Obel grade. / Characteristics
- Horse alternately and incessantly lifts the feet; lameness is not evident at the walk but a short, stilted gait is noted at the trot
- Stilted gait at the walk but moves willingly; a foot may be lifted off the ground without difficulty.
- Reluctant to move and resists attempts to have a foot lifted
- Refuses to move, does it only if forced
What gene is suspected to be related to malignant hyperthermia (MH)?
A mutation of the ryanodine receptor 1 gene, which is essential in skeletal muscle excitation-contraction coupling. More common in humans, pigs, and dogs, but has been documented as an autosomal dominant gene in Quarter Horses with MH.
Mention the clinical signs of heat stress in llamas or alpacas.
Hyperthermia (often > 105° F), signs of respiratory distress, tachycardia, recumbency, increased muscle enzymes, and hypoproteinemia.
What can predispose to hypokalemic myopathy in cows?

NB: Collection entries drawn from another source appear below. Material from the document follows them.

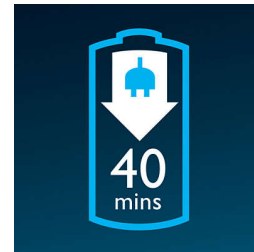

Cordless and corded use

Cordless and corded use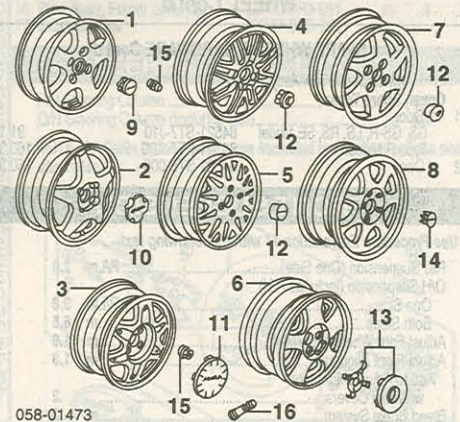

ALLOY WHEEL

Add to R&I Spare Wheel & Tire Assy	.2
------------------------------------	----

058-01473

Wheel, Alloy				
1 5 Spoke Thick 15x6"	94-95 42700-ST7-A02	.3	426.29	
2 5 Spoke Thin 14x5-1/2"	94-98 N.A.	.3	0.00	
3 6 Spoke 15x6"	96 42700-ST7-A21	.3	544.49	
4 8 Spoke 15x6"	97-01 42700-ST7-A31	.3	426.29	
5 Geometric 15x6"	42700-ST7-A51	.3	368.52	
6 5 Spoke Thick 14x5-1/2"	97-98 N.A.	.3	0.00	
7 6 Spoke Slanted 15x6"	98-01 42700-ST7-A41	.3	419.10	
8 7 Spoke 15x6"				
	Acura Brand	42700-ST7-R01	.3	419.87
	Enkei Brand	42700-ST7-A61	.3	399.20
Cap, Wheel Center				
9 5 Spoke Thick	44732-SK7-A32		44.10	
10 5 Spoke Thin	08W15-ST7-B0002		015.45	
11 6 Spoke	44732-ST7-A20		53.24	
12 8 Spoke, Geometric, 6 Spoke				
	Type 1	44732-ST7-A01	30.43	
	Type 2	44732-ST7-A60	34.83	
13 5 Spoke Thick	N.A.		0.00	
14 7 Spoke	44732-ST7-R00		36.64	
15 Nut, Lug	90381-SL5-901		4.88	
	Argent	90304-SA5-013	5.92	
	Chrome	42753-SB8-661	.83	
16 Stem, Valve				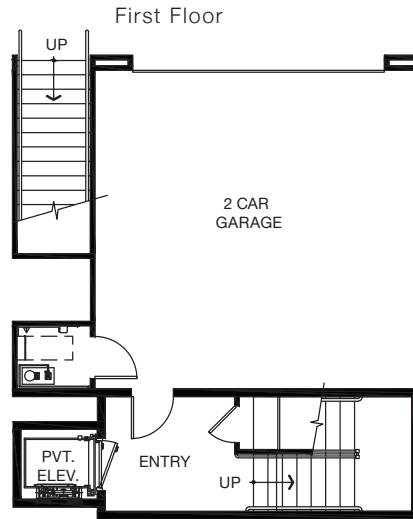

3 Bedrooms  
3 Bathrooms  
**INTERIOR**  
2,730 Square Feet

**EXTERIOR**  
616 Square Feet

**TOTAL**  
3,346 Square Feet

Garage Parking is on Ground Level

VueNewport.com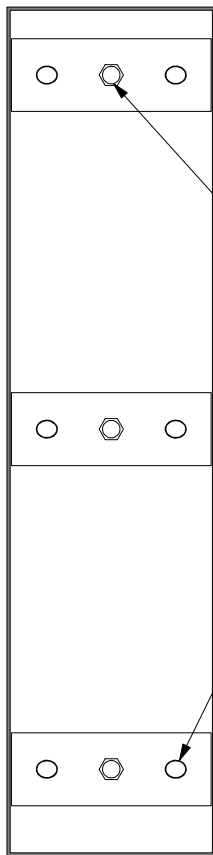

# Mounting Type D-1

(Center stud mount, tube support - DOUBLE line neon)

**Back View**

**Profile View**

1/4-20 threaded rod  
for Stud mount  
to wall

Diaphragms with 10/24" threaded  
inserts for tube supports

← Face

**Isometric View (rear)**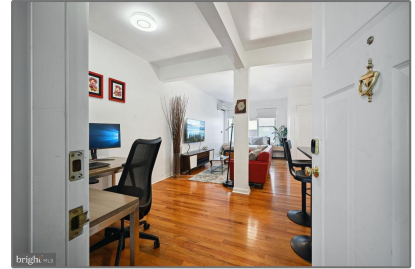

# Residential Lease

408 Sqft - 1300 MASSACHUSETTS AVENUE NW  
503, WASHINGTON, DC 20005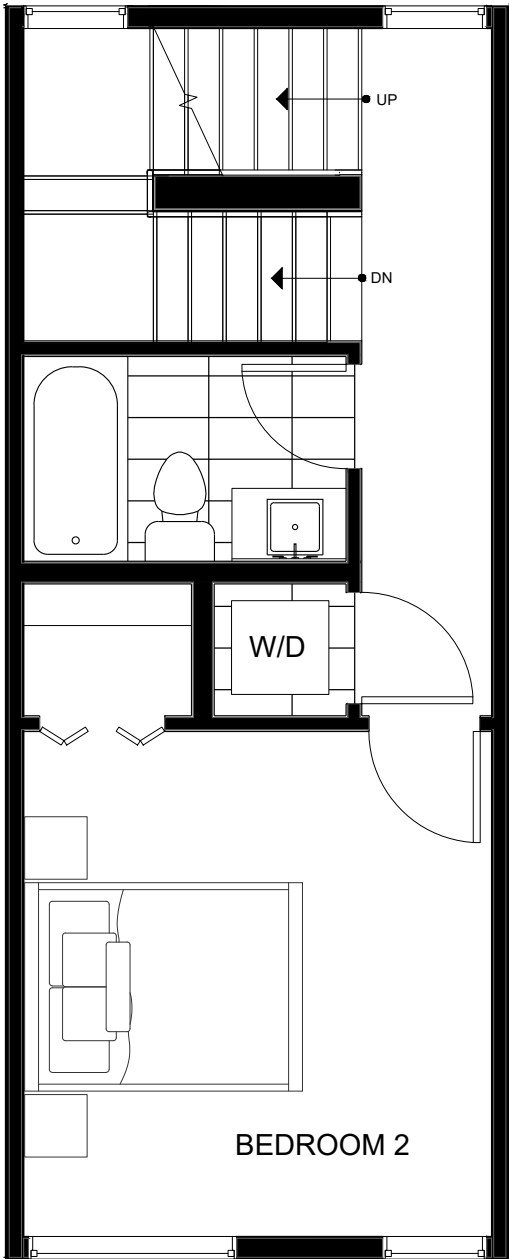

# Fattorini FLATS NORTH

8551C MIDVALE AVE N  
SEATTLE, WA 98103

1,152

2

1.75

GARAGE

THIRD FLOOR

FOURTH FLOOR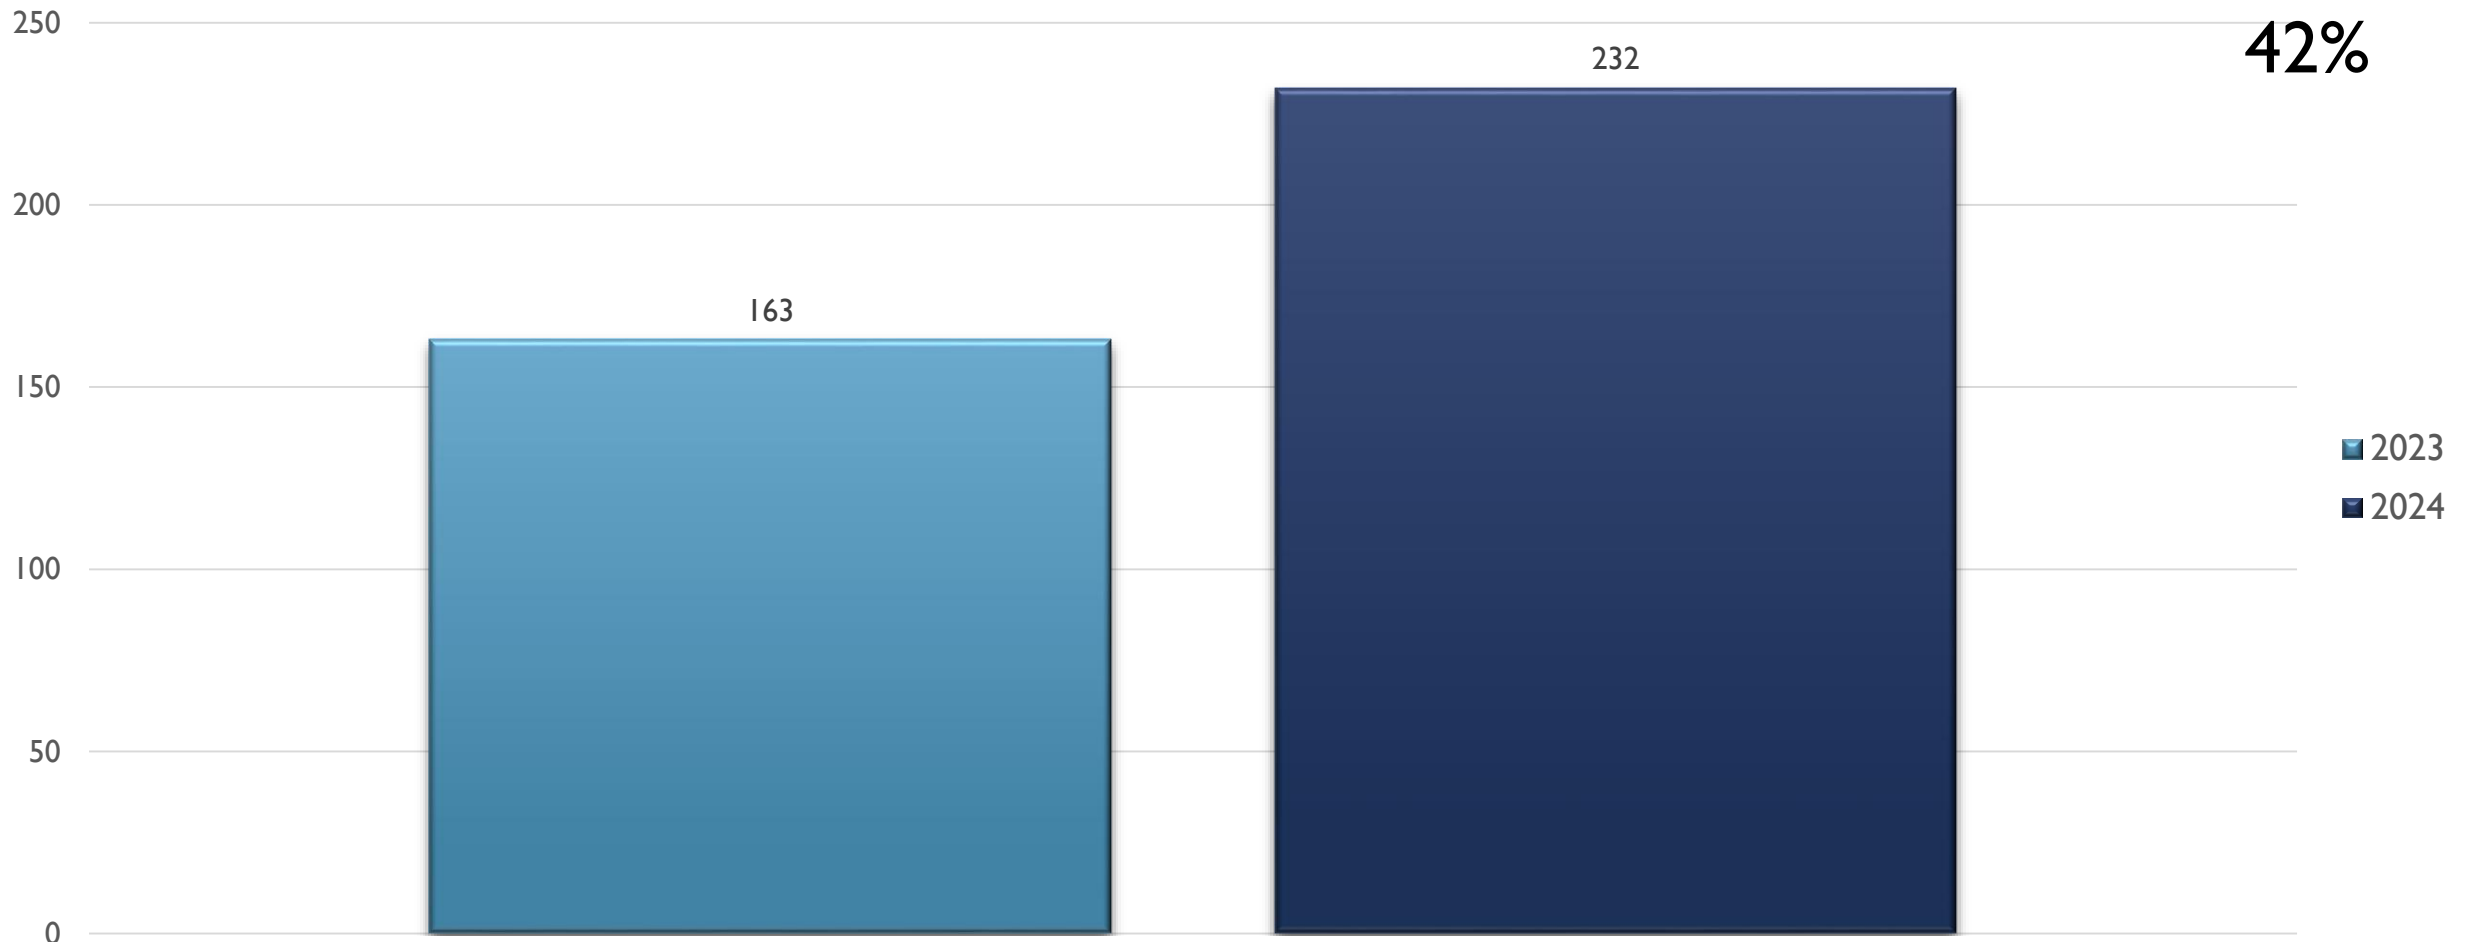

BURGLARY/BREAKING & ENTERING VALLEY JAN-APR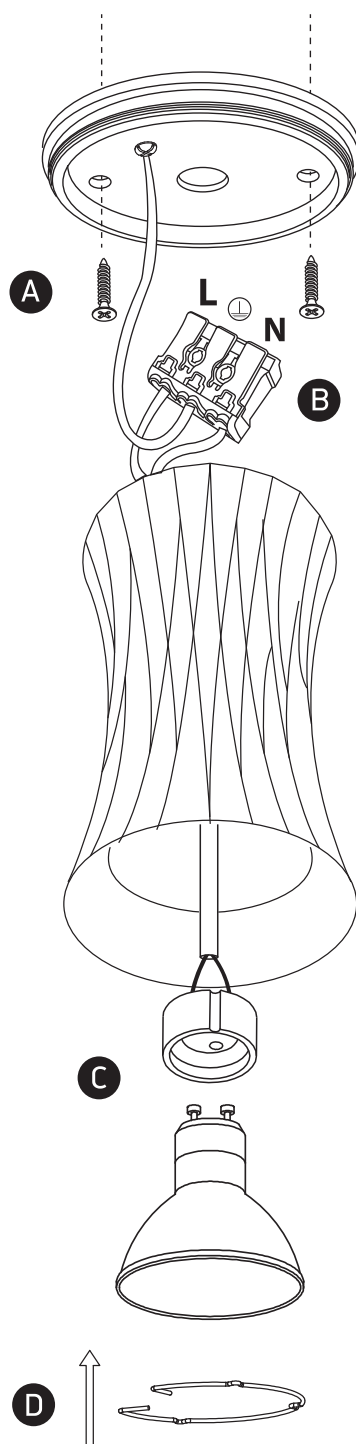

INSTALLATION MANUAL

12105J

100-240V | MR16 | GU10 | 10W | IP20 | Aluminium

Warnings:

1. Make sure that the product is installed properly before connecting to electricity.
2. Do not cover the fitting.
3. Maintenance and installation should only be carried out by a professional electrician.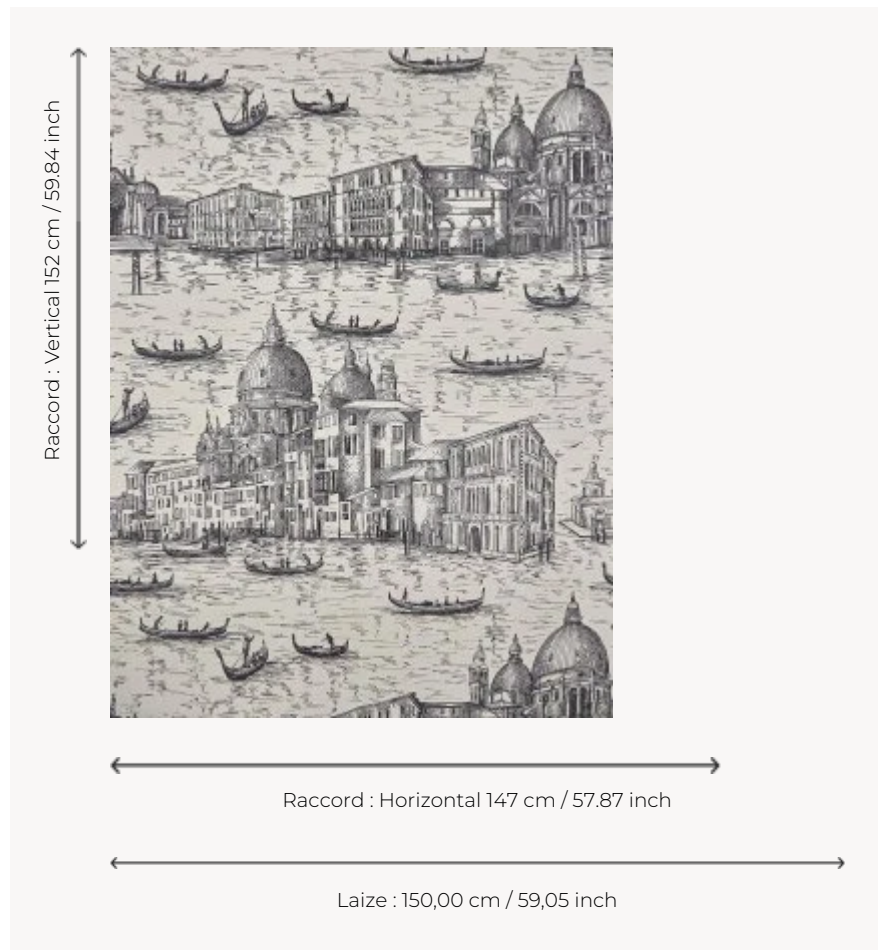

I6634001 CANALASSO

Sketch of Venice made in ink by an artist who, in a few strokes, offers us his vision of the Serenissima.

I6634001 - canalasso inchiostro

Fadini Borghi

TYPE	Jacquards
MARTINDALE	18.000 T
COMPOSITION	57 % Polyester - 43 % Cotton
SALES UNIT	Available per meter/yard
WIDTH	150 cm / 59,05 inch
REPEAT	H: 147 cm - 57,87 inch V: 152 cm - 59,84 inch Straight repeat
WEIGHT	375 gr / ml
CARE

Anorexia and enhanced potassium excretion secondary to the administration of one or more doses of isoflupredone acetate to ketotic cows.
Isoflupredone acetate has glucocorticoid and mineralocorticoid activity, resulting in a decrease in mean plasma potassium concentration by 25% in 2 days (after a single 20 mg injection) and 46% by the third day after two injections.
What are the clinical signs in cows with hypokalemic myopathy?
Clinical signs include severe weakness, recumbency, abnormal position of the head and neck, rumen hypomotility or atony, abnormal feces, anorexia, and tachycardia. Cardiac dysrhythmia is also common.
Diagnosis is based on clinical signs and a serum potassium of <2.5 mmol/L. Cows can also have ketosis, metabolic alkalosis, and increased serum CK and AST activities. Muscle biopsies reveal a vacuolar myopathy.
How is myotonia congenita in goats acquired and what name is it commonly known as?
It is an autosomal dominant mutation in the skeletal muscle chloride channel (CLCN1). It is commonly known as fainting goats.
How is HYYP acquired and what are the breeds commonly predisposed to it?
Is caused by an inherited defect in the skeletal muscle sodium channel. It is an autosomal dominant trait affecting Quarter Horses, American Paint Horses, Appaloosas, and Quarter Horse crossbred .
What is the common signalment for immune-mediated polymyositis?
Quarter Horse (or QH cross) that are either < 8 years of age or > 16 years of age. In approximately one third, a triggering factor appears to be exposure to S. equi or a respiratory disease
How would you diagnose IMM?
Immune-mediated polymyositis
Muscle biopsy of epaxial and gluteal muscles. Biopsy will show lymphocyte vasculitis, angular atrophy, lymphocyte myofiber infiltration, fiber necrosis with macrophage infiltration, and regeneration.
Semitendinosus or membranous may also show evidence of atrophy and vasculitis.
The lymphocytic infiltrate seen, contains a high CD4:CD8 ratio with no evidence of IgG binding to myofibers.